Data records
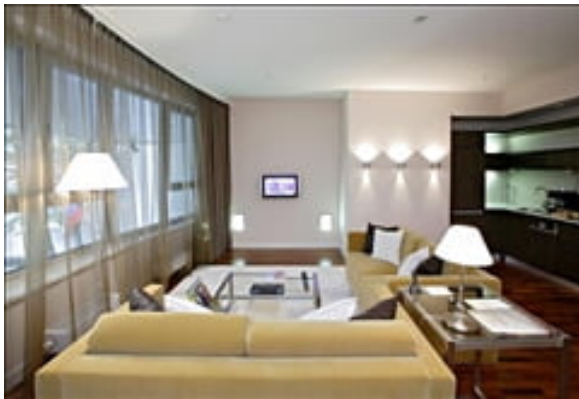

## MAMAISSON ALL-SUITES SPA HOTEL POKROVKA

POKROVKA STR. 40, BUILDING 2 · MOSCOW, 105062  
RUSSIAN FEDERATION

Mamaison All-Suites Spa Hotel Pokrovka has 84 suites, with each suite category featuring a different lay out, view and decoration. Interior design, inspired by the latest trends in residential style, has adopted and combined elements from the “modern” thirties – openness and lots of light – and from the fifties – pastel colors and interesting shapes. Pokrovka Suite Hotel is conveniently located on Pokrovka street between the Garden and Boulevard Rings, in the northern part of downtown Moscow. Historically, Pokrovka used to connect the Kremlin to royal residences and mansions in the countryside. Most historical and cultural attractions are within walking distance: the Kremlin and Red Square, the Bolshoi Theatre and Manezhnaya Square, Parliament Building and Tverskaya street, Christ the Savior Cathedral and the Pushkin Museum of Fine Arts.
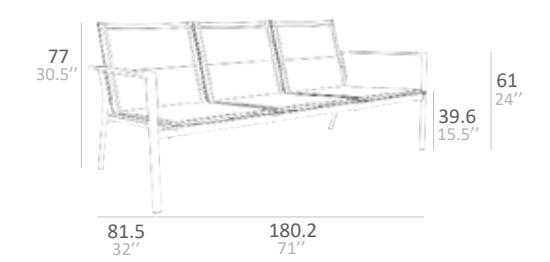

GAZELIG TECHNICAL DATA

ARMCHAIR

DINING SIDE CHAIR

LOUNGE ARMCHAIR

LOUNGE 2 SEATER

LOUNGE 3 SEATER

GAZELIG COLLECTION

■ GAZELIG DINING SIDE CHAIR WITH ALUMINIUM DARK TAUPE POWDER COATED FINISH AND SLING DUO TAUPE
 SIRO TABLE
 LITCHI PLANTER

* * *

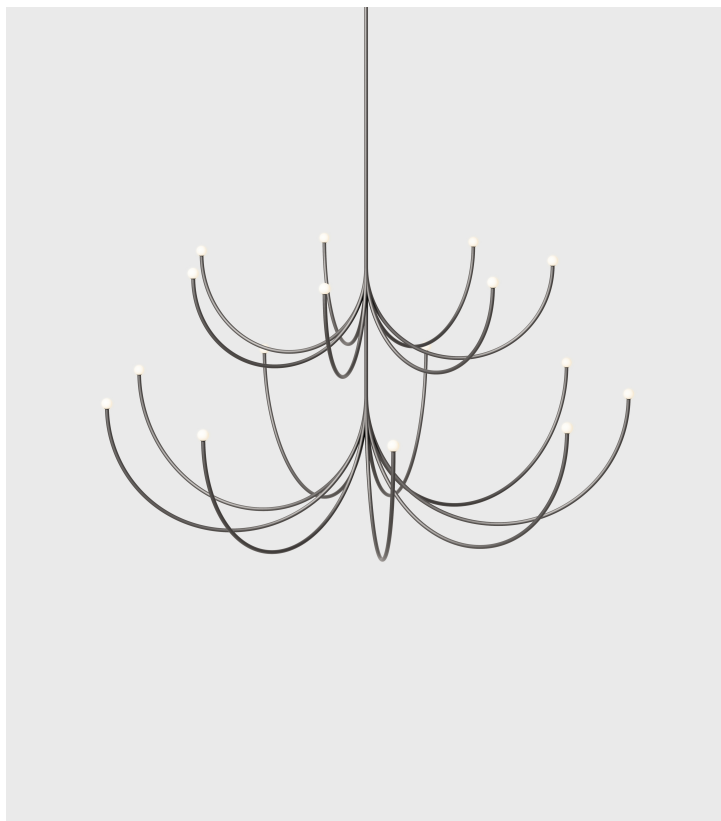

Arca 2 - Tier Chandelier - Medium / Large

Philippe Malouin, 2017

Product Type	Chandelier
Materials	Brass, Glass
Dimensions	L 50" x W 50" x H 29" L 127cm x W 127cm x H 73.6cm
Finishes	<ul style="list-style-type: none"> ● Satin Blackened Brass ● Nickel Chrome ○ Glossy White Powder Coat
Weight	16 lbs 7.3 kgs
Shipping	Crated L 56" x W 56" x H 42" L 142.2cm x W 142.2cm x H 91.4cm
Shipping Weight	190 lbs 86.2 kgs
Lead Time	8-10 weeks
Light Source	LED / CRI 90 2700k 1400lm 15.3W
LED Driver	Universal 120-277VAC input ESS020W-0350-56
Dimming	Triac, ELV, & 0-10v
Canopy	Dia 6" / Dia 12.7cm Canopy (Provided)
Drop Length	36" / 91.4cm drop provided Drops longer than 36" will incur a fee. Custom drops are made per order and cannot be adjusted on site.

**WHAT TO DO**
Out of the data above, set down the lines from the one with "142.2cm x H 91.4cm" to the one with "adjusted on site.", both included, exactly as written and with no additions.

**RESPONSE BOX**
Shipping	Crated L 56" x W 56" x H 42" L 142.2cm x W 142.2cm x H 91.4cm
Shipping Weight	190 lbs 86.2 kgs
Lead Time	8-10 weeks
Light Source	LED / CRI 90 2700k 1400lm 15.3W
LED Driver	Universal 120-277VAC input ESS020W-0350-56
Dimming	Triac, ELV, & 0-10v
Canopy	Dia 6" / Dia 12.7cm Canopy (Provided)
Drop Length	36" / 91.4cm drop provided Drops longer than 36" will incur a fee. Custom drops are made per order and cannot be adjusted on site.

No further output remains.